- [WHAT THIS TASK INVOLVES]:
Give the entries again exactly; drop the pictures.

- [EXCERPTED DATA]:
+--

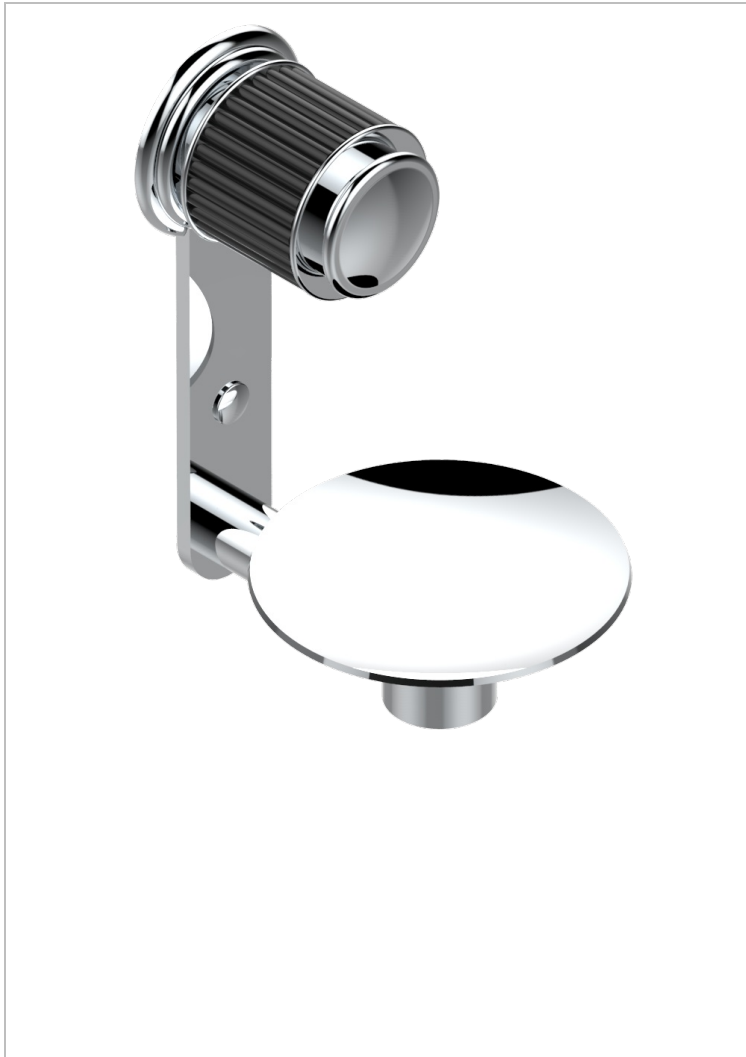

# JAIPUR ONICE NEGRO

A9C-546

Copa mural de latón Ø 100 mm

THG<sup>®</sup>  
PARIS

## CARACTERÍSTICAS

- Jaipur Onice Negro
- Copa mural de latón Ø 100 mm

## ACABADOS DISPONIBLES

Bronce claro - D01  
Cerámica negra mate - D30  
Cobre viejo mate - H07  
Cromo - A02  
Cromo / dorado - G02  
Cromo mate - C02

Dorado - F01  
Dorado mate - F07  
Dorado pálido - F30  
Dorado pálido mate (sin barniz) - F31  
Níquel - B01  
Níquel mate - C01

Níquel viejo - H28  
Pvd blush - H62  
Pvd blush mate - H60  
Pvd color latón - H49  
Pvd color latón mate - H50  
Pvd color níquel - H55

Pvd color níquel mate - H56  
Pvd color oro - H52  
Pvd color oro mate - H53  
Pvd grafito - H64  
Pvd grafito mate - H65  
Pvd marrón bronce - F33

+--

- [ANSWER TO THIS EXERCISE]:
# JAIPUR ONICE NEGRO

A9C-546

Copa mural de latón Ø 100 mm

THG<sup>®</sup>  
PARIS

## CARACTERÍSTICAS

- Jaipur Onice Negro
- Copa mural de latón Ø 100 mm

## ACABADOS DISPONIBLES

Bronce claro - D01  
Cerámica negra mate - D30  
Cobre viejo mate - H07  
Cromo - A02  
Cromo / dorado - G02  
Cromo mate - C02

Dorado - F01  
Dorado mate - F07  
Dorado pálido - F30  
Dorado pálido mate (sin barniz) - F31  
Níquel - B01  
Níquel mate - C01

Níquel viejo - H28  
Pvd blush - H62  
Pvd blush mate - H60  
Pvd color latón - H49  
Pvd color latón mate - H50  
Pvd color níquel - H55

Pvd color níquel mate - H56  
Pvd color oro - H52  
Pvd color oro mate - H53  
Pvd grafito - H64  
Pvd grafito mate - H65  
Pvd marrón bronce - F33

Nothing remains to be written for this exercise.